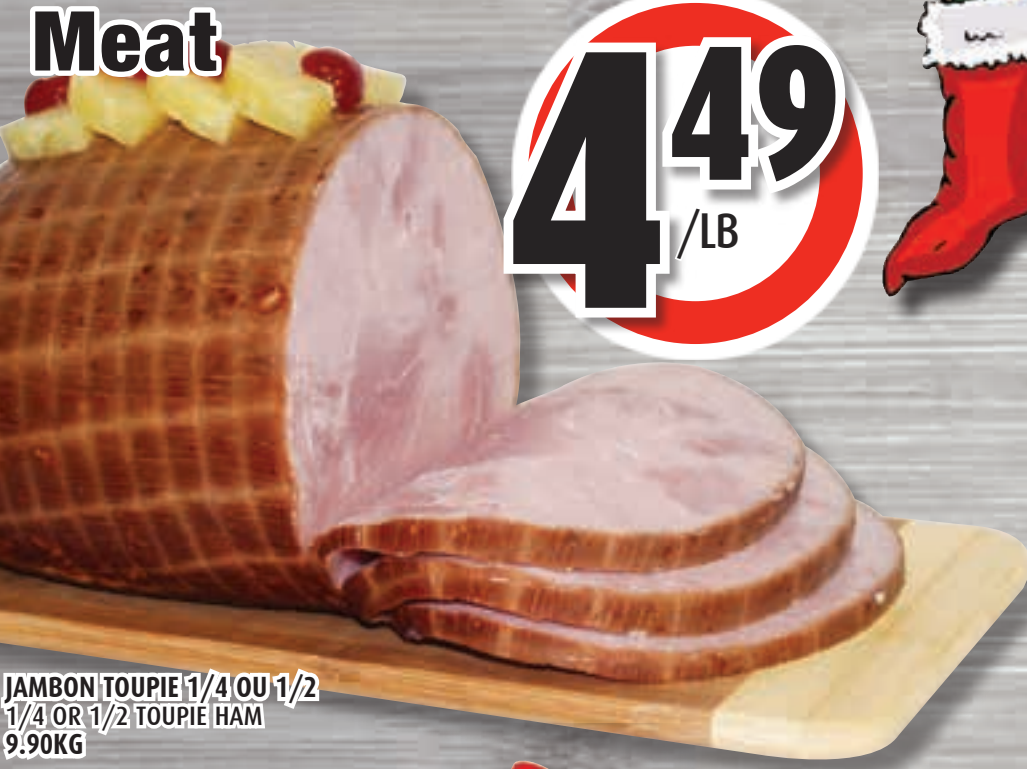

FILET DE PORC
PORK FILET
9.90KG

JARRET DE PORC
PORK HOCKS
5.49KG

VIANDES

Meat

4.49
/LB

---

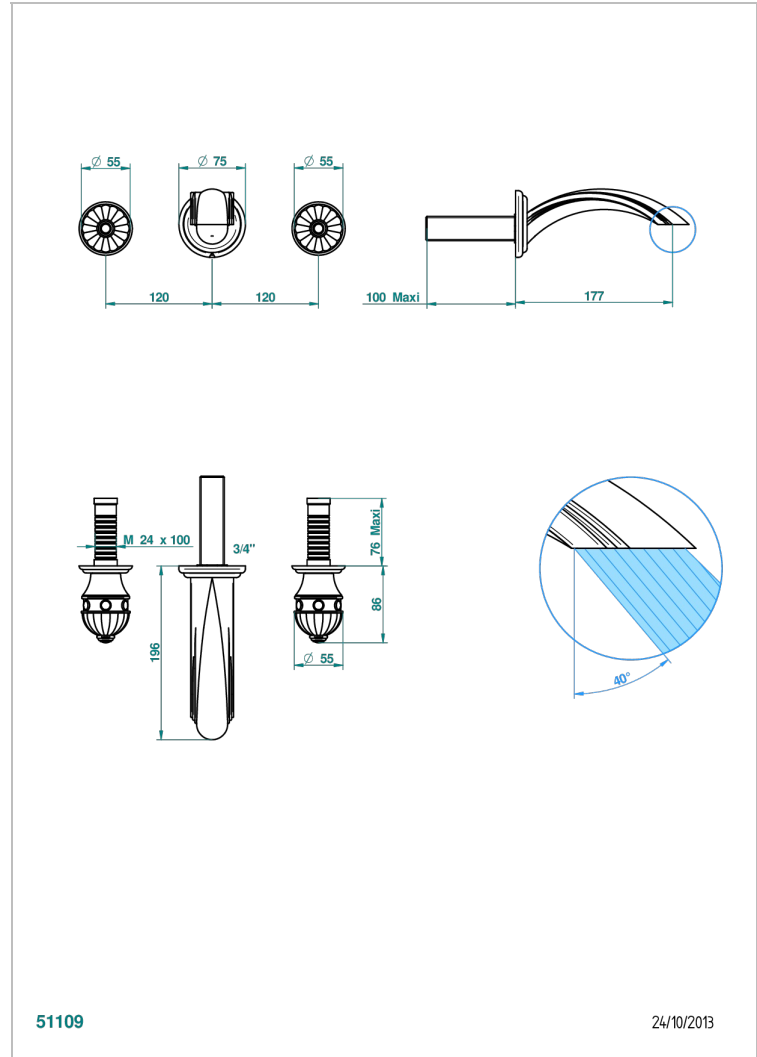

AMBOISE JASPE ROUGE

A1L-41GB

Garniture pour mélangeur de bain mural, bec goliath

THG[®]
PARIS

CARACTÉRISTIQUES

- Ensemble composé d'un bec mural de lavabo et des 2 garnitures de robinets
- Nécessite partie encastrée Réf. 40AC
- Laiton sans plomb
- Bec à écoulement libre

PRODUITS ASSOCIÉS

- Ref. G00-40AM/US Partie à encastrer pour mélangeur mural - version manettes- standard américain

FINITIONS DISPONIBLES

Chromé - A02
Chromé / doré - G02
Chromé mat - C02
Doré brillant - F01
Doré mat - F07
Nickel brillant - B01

* * *

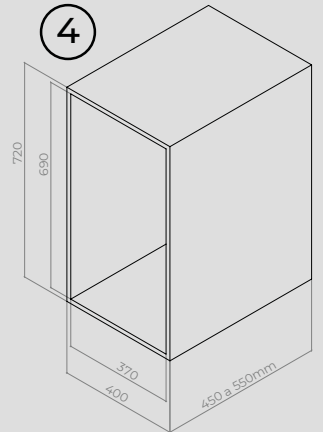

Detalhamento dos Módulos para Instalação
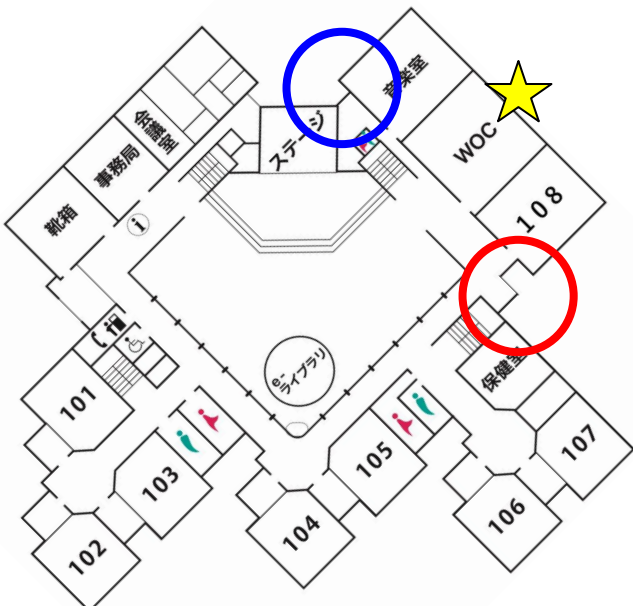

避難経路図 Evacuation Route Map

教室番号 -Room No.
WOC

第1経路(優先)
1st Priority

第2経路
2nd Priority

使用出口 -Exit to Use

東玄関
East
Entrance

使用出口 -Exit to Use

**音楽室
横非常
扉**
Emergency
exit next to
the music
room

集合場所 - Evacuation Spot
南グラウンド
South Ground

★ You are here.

- [What this task involves]: Reproduce all lines from the records above that include the word "mélangeur".

- [Exercise result]:
Garniture pour mélangeur de bain mural, bec goliath
- Ref. G00-40AM/US Partie à encastrer pour mélangeur mural - version manettes- standard américain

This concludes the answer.